====== Record excerpts
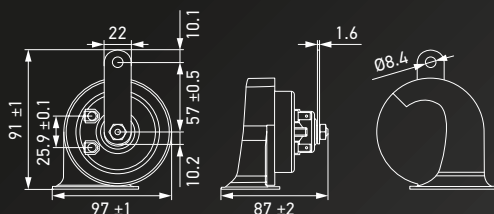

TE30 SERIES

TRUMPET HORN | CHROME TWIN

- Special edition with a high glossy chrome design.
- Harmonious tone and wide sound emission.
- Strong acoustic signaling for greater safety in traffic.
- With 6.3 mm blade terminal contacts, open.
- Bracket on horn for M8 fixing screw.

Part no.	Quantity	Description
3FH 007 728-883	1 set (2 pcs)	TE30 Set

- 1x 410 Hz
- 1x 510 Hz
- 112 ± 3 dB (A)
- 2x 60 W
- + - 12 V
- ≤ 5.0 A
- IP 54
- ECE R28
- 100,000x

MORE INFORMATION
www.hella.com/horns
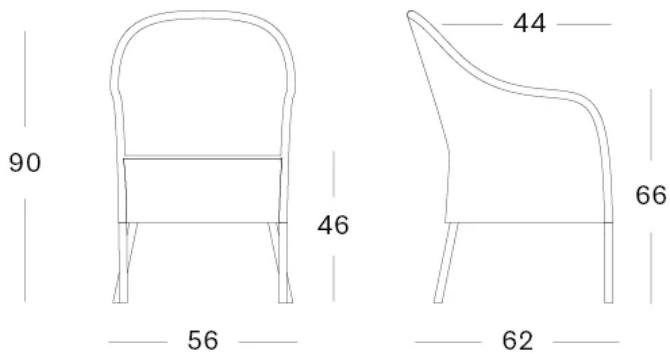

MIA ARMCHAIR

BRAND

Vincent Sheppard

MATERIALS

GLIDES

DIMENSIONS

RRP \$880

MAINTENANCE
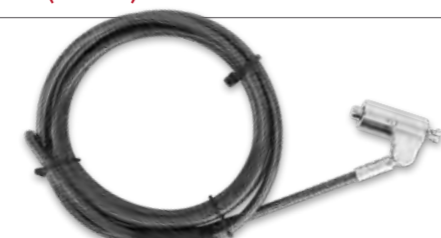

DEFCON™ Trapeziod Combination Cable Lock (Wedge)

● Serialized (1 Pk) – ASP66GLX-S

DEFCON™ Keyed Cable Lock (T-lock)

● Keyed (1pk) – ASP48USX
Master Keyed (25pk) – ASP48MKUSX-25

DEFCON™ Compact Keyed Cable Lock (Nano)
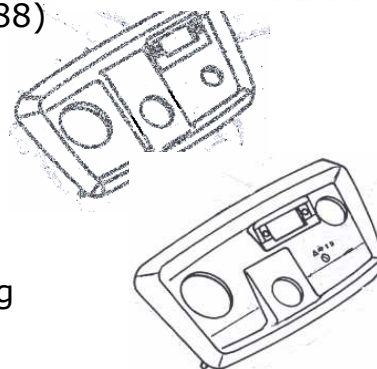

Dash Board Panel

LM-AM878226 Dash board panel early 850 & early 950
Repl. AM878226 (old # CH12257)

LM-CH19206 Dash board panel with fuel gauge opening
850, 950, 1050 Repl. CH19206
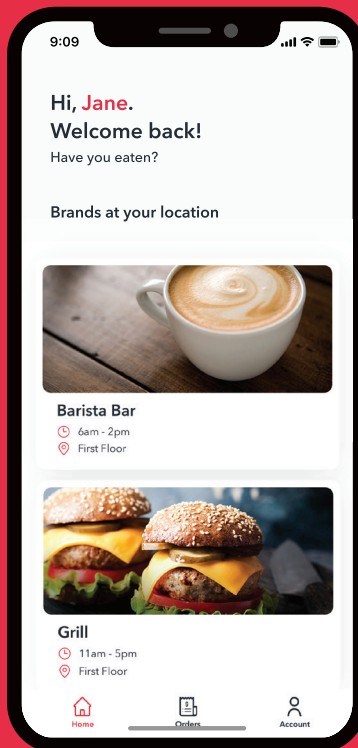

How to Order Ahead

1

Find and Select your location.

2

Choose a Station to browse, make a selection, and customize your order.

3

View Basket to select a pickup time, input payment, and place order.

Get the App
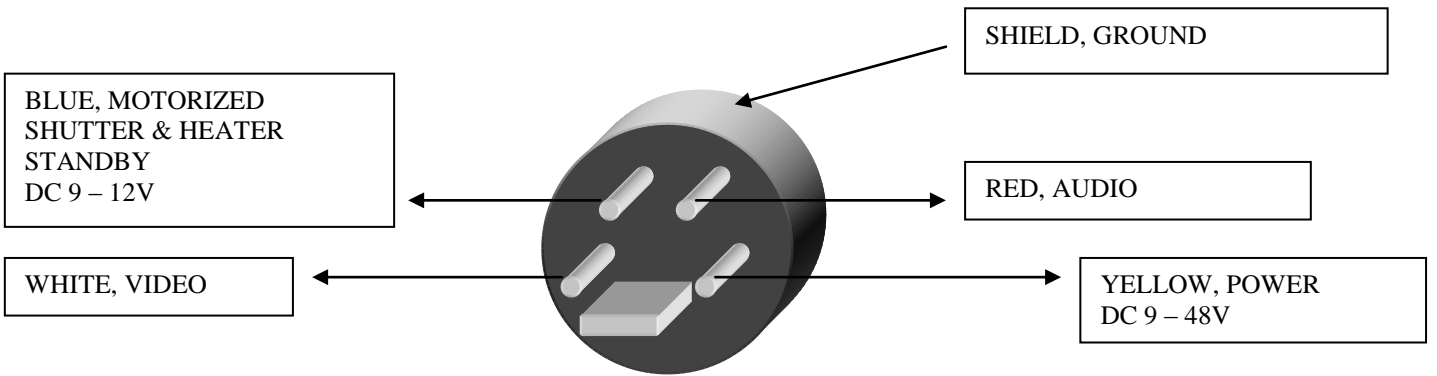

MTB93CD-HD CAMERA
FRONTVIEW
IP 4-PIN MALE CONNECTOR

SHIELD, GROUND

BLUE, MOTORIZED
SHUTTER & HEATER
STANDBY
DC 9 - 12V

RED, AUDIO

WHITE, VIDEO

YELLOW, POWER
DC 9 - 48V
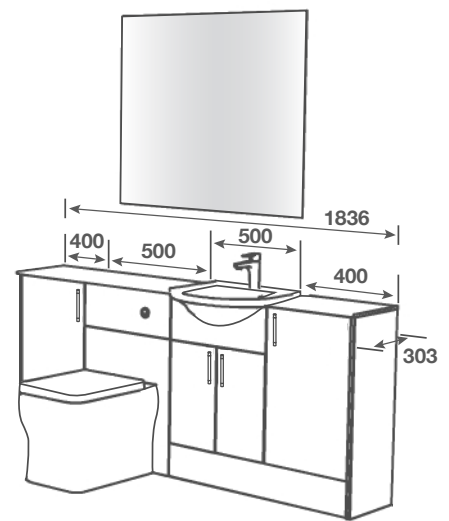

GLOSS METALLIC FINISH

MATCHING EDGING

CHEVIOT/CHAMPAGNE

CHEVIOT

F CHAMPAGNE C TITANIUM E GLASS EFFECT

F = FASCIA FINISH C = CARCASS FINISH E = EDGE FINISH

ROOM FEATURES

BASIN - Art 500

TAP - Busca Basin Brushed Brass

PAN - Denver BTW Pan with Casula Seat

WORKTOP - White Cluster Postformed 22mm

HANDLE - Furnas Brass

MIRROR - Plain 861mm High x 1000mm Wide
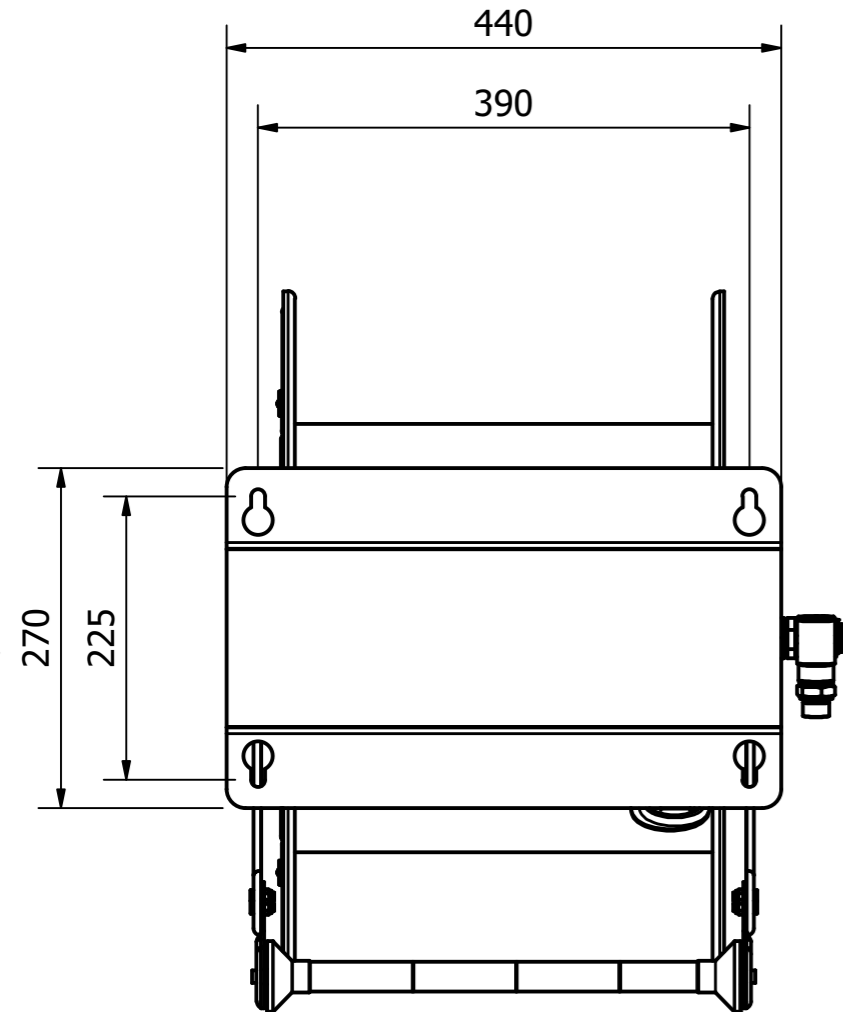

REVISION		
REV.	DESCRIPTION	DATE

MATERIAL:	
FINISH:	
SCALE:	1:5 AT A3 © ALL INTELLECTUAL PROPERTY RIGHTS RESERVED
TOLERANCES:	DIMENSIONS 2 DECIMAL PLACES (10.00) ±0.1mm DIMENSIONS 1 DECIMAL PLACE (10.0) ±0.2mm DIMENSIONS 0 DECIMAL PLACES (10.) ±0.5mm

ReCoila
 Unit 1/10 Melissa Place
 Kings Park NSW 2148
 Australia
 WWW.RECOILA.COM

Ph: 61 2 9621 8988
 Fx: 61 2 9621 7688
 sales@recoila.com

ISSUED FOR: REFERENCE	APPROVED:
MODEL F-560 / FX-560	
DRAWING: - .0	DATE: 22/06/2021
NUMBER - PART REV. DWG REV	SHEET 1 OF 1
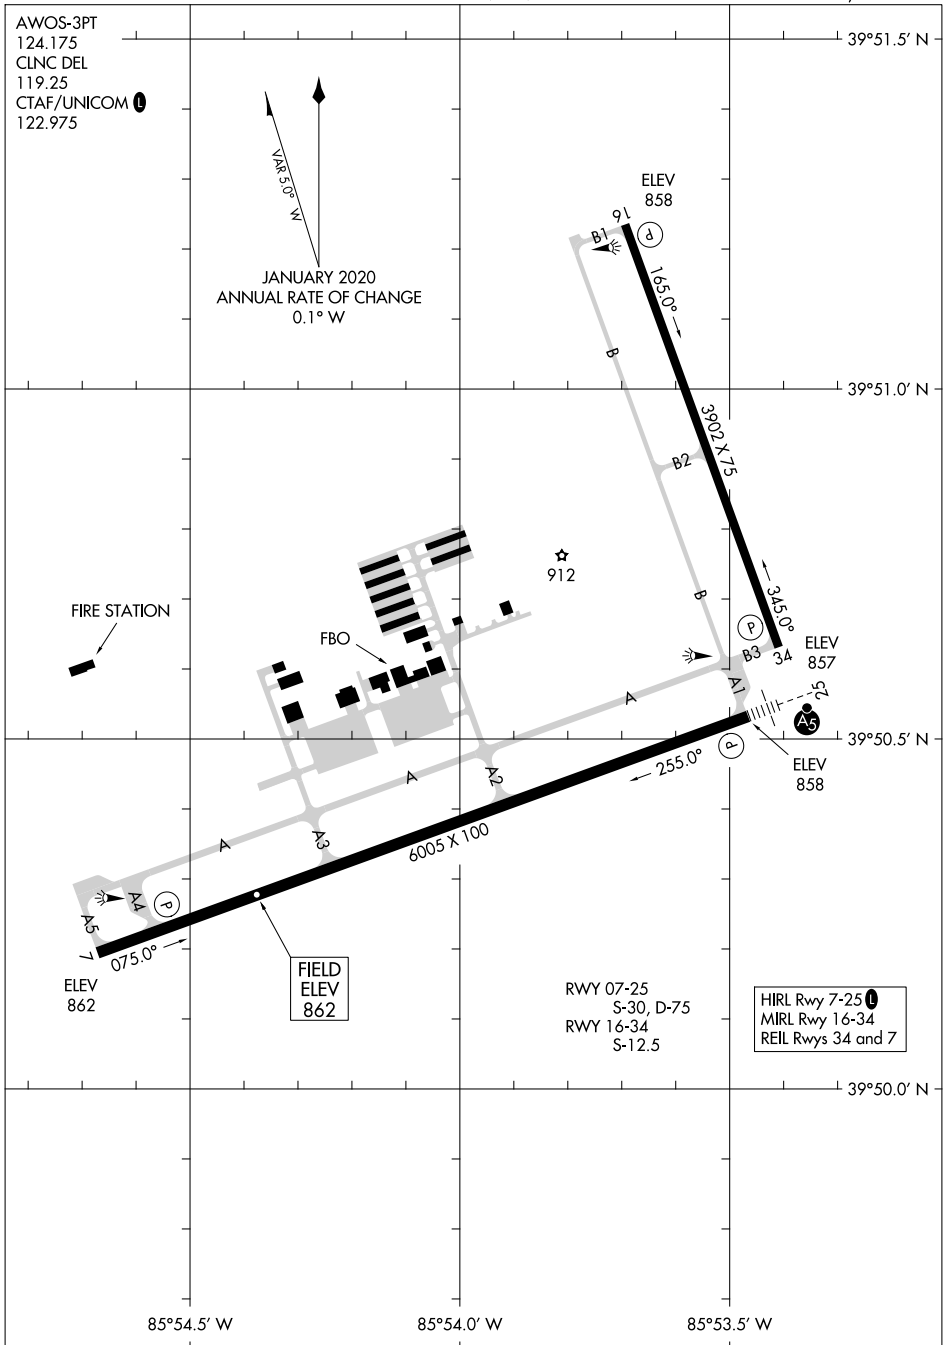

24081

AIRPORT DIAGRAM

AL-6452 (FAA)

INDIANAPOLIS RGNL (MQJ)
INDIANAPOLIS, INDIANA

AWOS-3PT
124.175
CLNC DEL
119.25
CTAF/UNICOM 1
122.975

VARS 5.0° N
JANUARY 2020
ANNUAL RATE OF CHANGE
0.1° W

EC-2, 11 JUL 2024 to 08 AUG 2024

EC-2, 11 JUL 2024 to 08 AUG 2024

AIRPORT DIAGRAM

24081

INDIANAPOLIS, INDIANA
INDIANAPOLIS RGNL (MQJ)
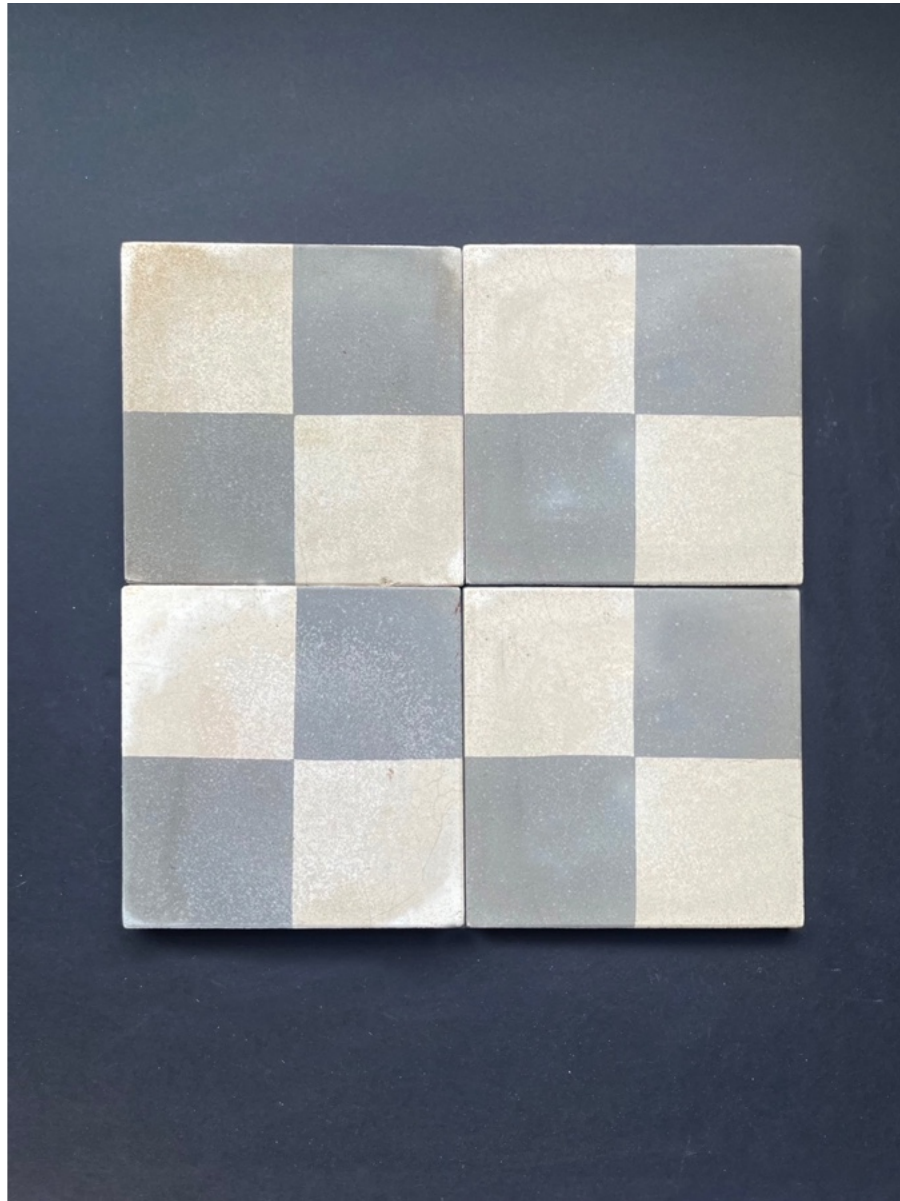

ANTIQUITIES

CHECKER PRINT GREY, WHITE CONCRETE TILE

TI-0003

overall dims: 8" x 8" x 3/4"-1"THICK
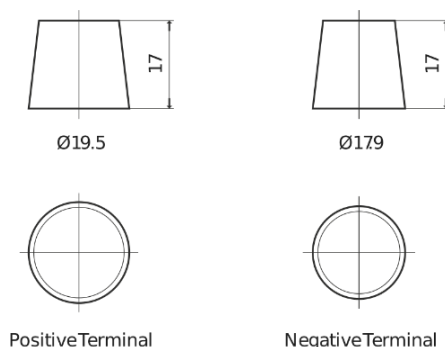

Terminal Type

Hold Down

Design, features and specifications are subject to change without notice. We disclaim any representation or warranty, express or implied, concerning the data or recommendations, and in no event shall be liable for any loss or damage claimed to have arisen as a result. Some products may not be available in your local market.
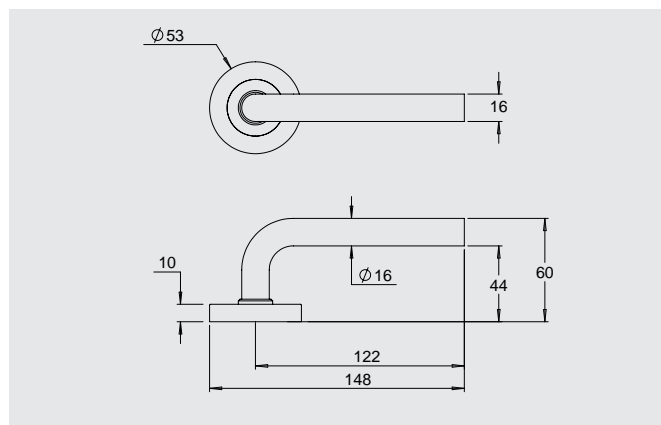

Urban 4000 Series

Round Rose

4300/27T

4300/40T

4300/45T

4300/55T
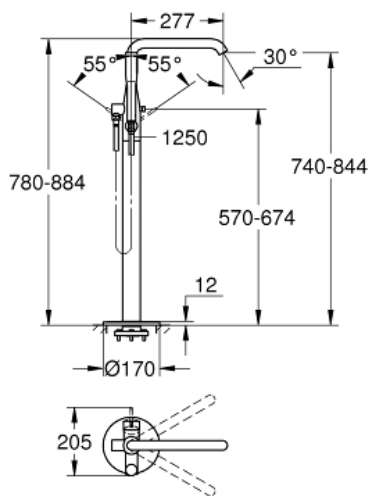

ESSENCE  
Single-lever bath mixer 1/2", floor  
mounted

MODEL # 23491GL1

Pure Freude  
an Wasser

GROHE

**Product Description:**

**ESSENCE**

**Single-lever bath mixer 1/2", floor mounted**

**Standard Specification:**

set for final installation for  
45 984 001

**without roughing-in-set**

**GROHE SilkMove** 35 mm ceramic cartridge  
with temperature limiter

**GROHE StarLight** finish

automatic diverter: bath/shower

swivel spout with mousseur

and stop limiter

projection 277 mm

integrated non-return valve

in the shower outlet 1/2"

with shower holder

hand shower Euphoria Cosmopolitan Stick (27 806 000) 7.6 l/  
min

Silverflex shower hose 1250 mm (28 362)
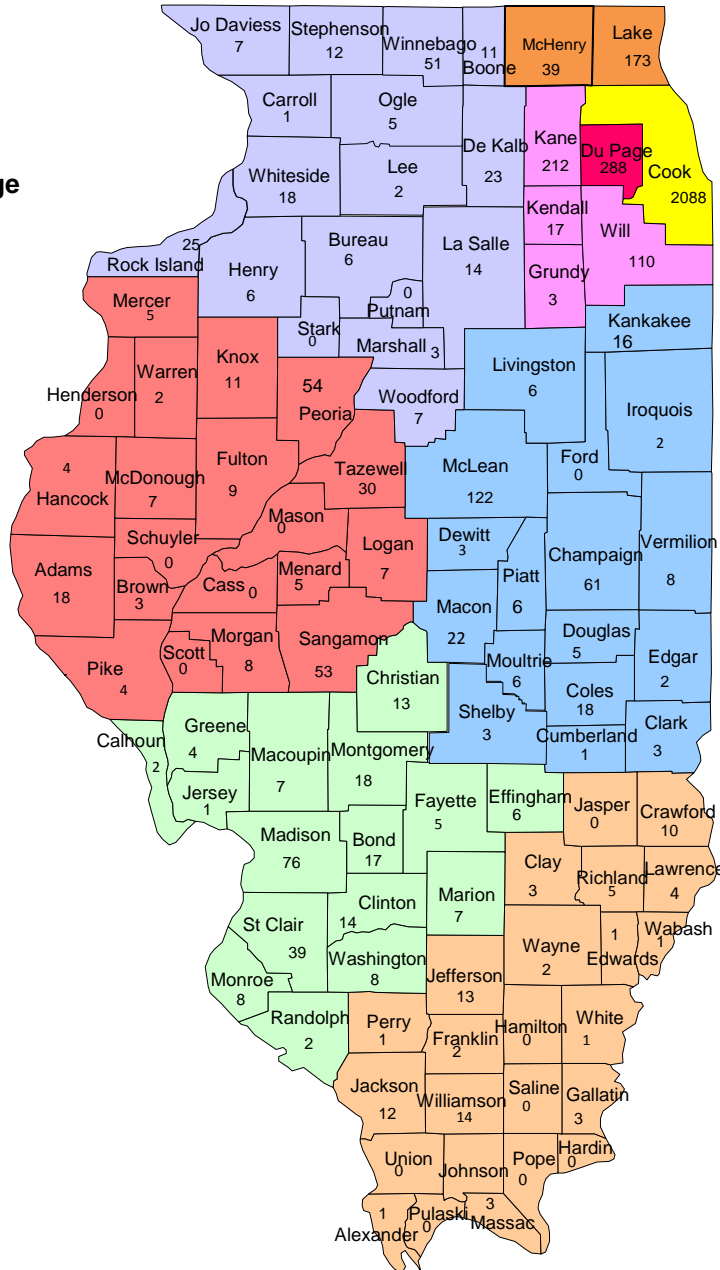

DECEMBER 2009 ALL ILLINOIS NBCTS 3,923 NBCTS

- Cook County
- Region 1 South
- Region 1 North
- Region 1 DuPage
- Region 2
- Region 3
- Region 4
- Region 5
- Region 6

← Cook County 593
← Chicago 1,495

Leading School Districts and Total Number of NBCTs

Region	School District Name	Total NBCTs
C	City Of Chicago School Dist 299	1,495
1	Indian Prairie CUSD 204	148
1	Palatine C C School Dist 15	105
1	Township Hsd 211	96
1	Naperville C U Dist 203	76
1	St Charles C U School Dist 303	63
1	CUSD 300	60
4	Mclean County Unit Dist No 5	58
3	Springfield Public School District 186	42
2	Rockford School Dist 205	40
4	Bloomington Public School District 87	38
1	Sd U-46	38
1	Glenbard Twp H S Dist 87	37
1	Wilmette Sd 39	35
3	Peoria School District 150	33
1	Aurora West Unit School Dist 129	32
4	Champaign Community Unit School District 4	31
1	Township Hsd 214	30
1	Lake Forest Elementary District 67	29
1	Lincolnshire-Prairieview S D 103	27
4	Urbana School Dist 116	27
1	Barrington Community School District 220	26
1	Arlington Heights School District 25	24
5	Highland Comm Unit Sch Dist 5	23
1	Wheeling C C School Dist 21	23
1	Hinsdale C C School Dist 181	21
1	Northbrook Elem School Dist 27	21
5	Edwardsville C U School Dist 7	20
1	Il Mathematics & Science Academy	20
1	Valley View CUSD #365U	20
============
• **Your objective**: Take the entries above and copy exactly the lines starting at the one with "LM-CH19206 Dash board" and ending at the one with "MODEL F-560 / FX-560"; nothing outside that span, and no pictures.

• **Task response**:
LM-CH19206 Dash board panel with fuel gauge opening
850, 950, 1050 Repl. CH19206

How to Order Ahead

1

Find and Select your location.

2

Choose a Station to browse, make a selection, and customize your order.

3

View Basket to select a pickup time, input payment, and place order.

Get the App

MTB93CD-HD CAMERA
FRONTVIEW
IP 4-PIN MALE CONNECTOR

SHIELD, GROUND

BLUE, MOTORIZED
SHUTTER & HEATER
STANDBY
DC 9 - 12V

RED, AUDIO

WHITE, VIDEO

YELLOW, POWER
DC 9 - 48V

GLOSS METALLIC FINISH

MATCHING EDGING

CHEVIOT/CHAMPAGNE

CHEVIOT

F CHAMPAGNE C TITANIUM E GLASS EFFECT

F = FASCIA FINISH C = CARCASS FINISH E = EDGE FINISH

ROOM FEATURES

BASIN - Art 500

TAP - Busca Basin Brushed Brass

PAN - Denver BTW Pan with Casula Seat

WORKTOP - White Cluster Postformed 22mm

HANDLE - Furnas Brass

MIRROR - Plain 861mm High x 1000mm Wide

REVISION		
REV.	DESCRIPTION	DATE

MATERIAL:	
FINISH:	
SCALE:	1:5 AT A3 © ALL INTELLECTUAL PROPERTY RIGHTS RESERVED
TOLERANCES:	DIMENSIONS 2 DECIMAL PLACES (10.00) ±0.1mm DIMENSIONS 1 DECIMAL PLACE (10.0) ±0.2mm DIMENSIONS 0 DECIMAL PLACES (10.) ±0.5mm

ReCoila
 Unit 1/10 Melissa Place
 Kings Park NSW 2148
 Australia
 WWW.RECOILA.COM

Ph: 61 2 9621 8988
 Fx: 61 2 9621 7688
 sales@recoila.com

ISSUED FOR: REFERENCE	APPROVED:
MODEL F-560 / FX-560	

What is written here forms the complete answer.